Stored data
○ ○ ○ ○ ○

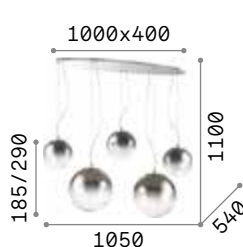

Mapa Fade

Baldachin und Gestell aus verchromtem Metall. Kugelförmiger Lichtverteiler aus transparentem mundgeblasenem Glas, nach unten verchromte Tönung. Transparentes PVC-Kabel. Farbe: Chrom.

IP20

8,700 Kg / 0,2470 m³
E27 max 5x60W
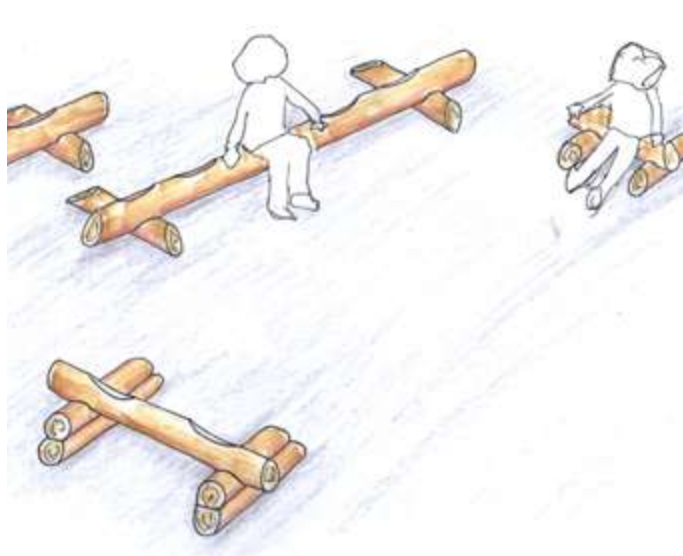

Complementos educativos diseñados por Martin Linacisoro

Asiento Extraible

Diferentes medidas

Asiento Tronco

Diferentes alturas
Largo: 3m | 0,70m | 1,40

Escenario

Escenario Triangular y Cuadrado: 150x150 cm
Escenario Pilares: diámetro 8cm
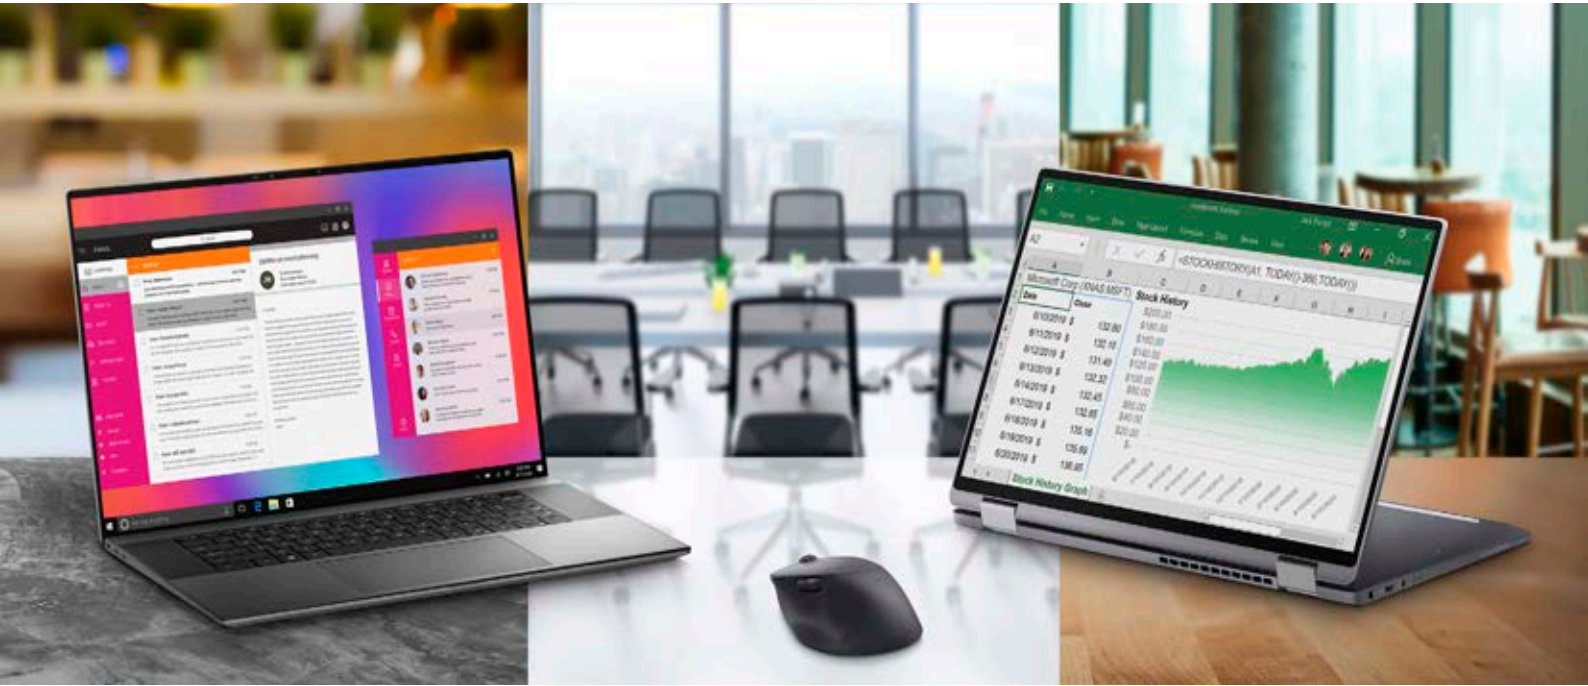

DELL Technologies

贴合手掌，
量身定制

—
戴尔 Premier 可充电鼠标 | MS900

经过精心打造，具有精致的曲线、创新的滚轮和续航时间超长的电池，使用舒适而方便。

长久运行

充满电后，可持续工作长达 3 个月¹，无需更换电池。利用 USB-C 快速充电，快速充电 2 分钟，即可供全天使用¹。

提供高级更换服务，如果您的现有鼠标在 3 年保修期内出现故障，我们会为您寄送更换鼠标。²

连接顺畅安全

双模式 RF 2.4 GHz 和蓝牙[®] 5.1 连接，让您轻松地连接多达 3 台设备并随心切换（两台通过蓝牙[®] 连接，一台通过 RF 转换器连接）。

借助 Dell Pair⁵，只需一次单击⁴ 即可安全地将鼠标与设备配对，而戴尔 Secure Link USB 接收器 (RF) 会对传输内容进行加密，以保障数据安全。

随身而行，随处办公

借助玻璃表面追踪传感器，您可以随时随地轻松地玻璃和木质表面工作，包括公园长椅和咖啡桌等地方。DPI 的调整范围为 800 到 8000，调节幅度为 200，因此您可以根据自己的偏好调节鼠标。

⁴ 基于初始配对。

⁵ Dell Pair 在部分配件、商用 PC 以及消费类 PC 上提供。可用性和功能因型号而异。有关详情，请访问 Dell.com/support/kbdoc/000201693。

高端舒适设计

这款鼠标造型精巧，可贴合您的手掌，持握舒适，助您全天轻松高效办公。

功能特性	技术规格
型号	戴尔 Premier 可充电鼠标 - MS900
颜色	石墨色
连接	无线 — RF 2.4 GHz 和蓝牙 5.1 ¹ 支持 Dell Pair ²
电池类型	可充电 (随附 USB-C 到 USB-C 充电线缆)
电池续航时间 ³	单次充满电可续航长达 3 个月； 快充 2 分钟，可持续使用一整天； 在 60 分钟内可将电池电量充至 80% 以上。 ⁴
支持的操作系统	2.4 GHz • Windows 7、Windows 8.1、10 和 11 或更高版本；Mac；Linux (Red Hat Enterprise 8.0/Ubuntu 18.4)；Chrome；Android 操作系统 蓝牙 • Windows 8.1、10 和 11 或更高版本；Mac；Linux (Red Hat Enterprise 8.0/Ubuntu 18.4)；Chrome；Android 操作系统 Dell Peripheral Manager ⁵ • Windows 10、11 或更高版本
滚轮	垂直滚轮和水平滚轮
按钮	7 个按钮，左键、右键、垂直滚轮、水平滚轮、可编程侧面按钮、滚动速度切换按钮、连接模式切换按钮
软件	Dell Peripheral Manager (Windows 兼容) • 配对设备 • 可编程按钮 (垂直和水平滚轮键、后退按钮) • DPI 的调整范围为 800 到 8000，调节幅度为 200 • 设置主按钮 • 电池和连接状态 • 固件更新
保修	3 年有限硬件保修与高级更换服务 ⁶
包装内容	鼠标 戴尔 Secure Link USB 接收器 USB-C 到 USB-C 充电线缆 (1300 毫米 / 51.2 英寸) 说明文件
追踪传感器	玻璃表面追踪
更大的拇指座	是
滚动方向	4 个方向 — 水平和垂直
滚动速度	快速滚动和按挡位滚动
尺寸	高：45.8 毫米 / 1.80 英寸 长：126.7 毫米 / 5.0 英寸 宽：89.8 毫米 / 3.53 英寸
重量 (不含包装)	128.4 g / 0.30 lbs
安全性	128 位 AES 加密
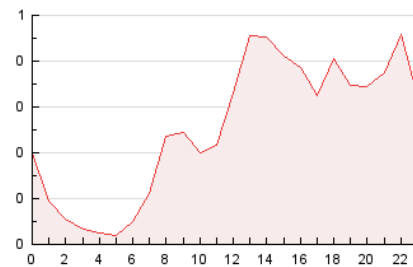

2. Secciones (Nacional)

	PAGINAS	%
HOME	395	6.47 %
RESTO	5.707	93.53 %

3. Por día del mes (Nacional)

Día	N. únicos	Visitas	Páginas	Día	N. únicos	Visitas	Páginas	Día	N. únicos	Visitas	Páginas
1	82	93	132	11	128	134	155	21	97	104	132
2	95	103	169	12	66	69	89	22	85	93	131
3	37	41	61	13	108	115	125	23	104	109	137
4	37	38	51	14	82	91	109	24	114	119	125
5	135	149	189	15	39	44	55	25	45	47	68
6	452	464	540	16	66	68	91	26	704	733	869
7	282	295	349	17	71	77	96	27	253	262	349
8	120	126	164	18	53	54	61	28	113	116	141
9	426	459	537	19	275	284	338	29	79	81	94
10	266	272	305	20	202	214	252	30	80	85	120
								31	43	50	68

4. Gráficas (Nacional)

4.1 Por día de la semana (promedio)

N. únicos / Visitas (x 100)

Páginas (x 100)

4.2 Por franja horaria (promedio)

Visitas (x 1000)

Páginas (x 1000)

4.3 Por meses

○ ○ ○ ○ ○

Work item
Among the lines of the entries above, count those containing the string "Nacional". Write the number alone.

Output
3